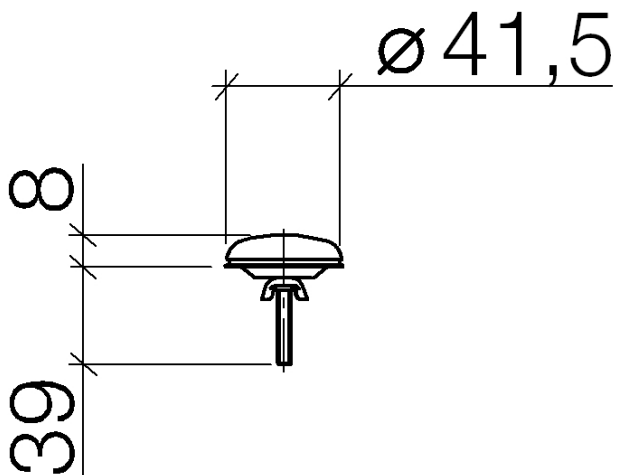

Waschtisch - Serienneutral
Hahnlochabdeckung - platin
Artikelnummer: 12 715 970-08

platin

Maßzeichnung

Alle Angaben in mm / inch = mm x 0,0394

Waschtisch - Serienneutral
Hahnlochabdeckung - platin
Artikelnummer: 12 715 970-08

Waschtisch - Serienneutral
Hahnlochabdeckung - platin
Artikelnummer: 12 715 970-08

Weitere Oberflächenvarianten

chrom
12 715 970-00

chrom gebürstet
12 715 970-04

platin matt
12 715 970-06

messing
12 715 970-09
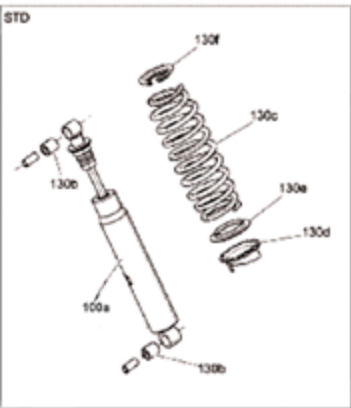

ES-1014

**SUSPENSION CAN AM COMMANDER
1000/800 DELANTERA**

NUMERO DE PARTE	Nº DE PIEZAS POR JUEGO	CODIGO	PARTE
40	4	ES-106	706201062
35	2	ES-105	706201061
20	8	ES-103	706200181
30	4	ES-104	706201587
TOTAL DE PIEZAS:		18

→ **Task objective**: Transcribe the material exactly, keeping every word and none of the pictures.

→ **Response**:
Waschtisch - Serienneutral
Hahnlochabdeckung - platin
Artikelnummer: 12 715 970-08

platin

Maßzeichnung

Alle Angaben in mm / inch = mm x 0,0394

Waschtisch - Serienneutral
Hahnlochabdeckung - platin
Artikelnummer: 12 715 970-08

Waschtisch - Serienneutral
Hahnlochabdeckung - platin
Artikelnummer: 12 715 970-08

Weitere Oberflächenvarianten

chrom
12 715 970-00

chrom gebürstet
12 715 970-04

platin matt
12 715 970-06

messing
12 715 970-09

ES-1014

**SUSPENSION CAN AM COMMANDER
1000/800 DELANTERA**

NUMERO DE PARTE	Nº DE PIEZAS POR JUEGO	CODIGO	PARTE
40	4	ES-106	706201062
35	2	ES-105	706201061
20	8	ES-103	706200181
30	4	ES-104	706201587
TOTAL DE PIEZAS:		18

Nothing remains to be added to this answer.